- TASK INSTRUCTIONS -
Give back each record precisely, pictures excluded.

- Records contained in a dataset -
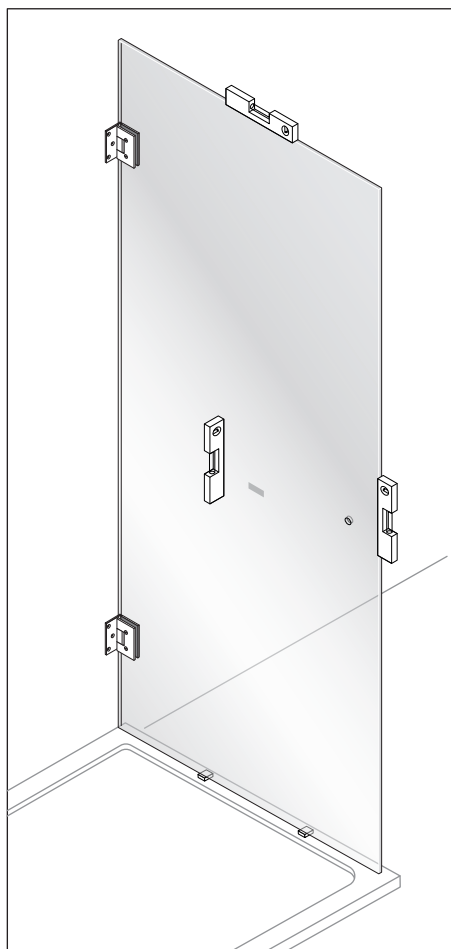

Alterna

Luxor

DUSCHVÄGG

Monteringsanvisning

DUSCHVÄGG

1h

Timeless på insidan

Byggmått:
780 x 780 mm
780 x 880 mm
880 x 880 mm

Timeless på insidan

Byggmått:
780 x 780 mm
780 x 880 mm
880 x 880 mm

DUSCHVÄGG

- EXERCISE RESPONSE -
Alterna

Luxor

DUSCHVÄGG

Monteringsanvisning

DUSCHVÄGG

1h

Timeless på insidan

Byggmått:
780 x 780 mm
780 x 880 mm
880 x 880 mm

Timeless på insidan

Byggmått:
780 x 780 mm
780 x 880 mm
880 x 880 mm

DUSCHVÄGG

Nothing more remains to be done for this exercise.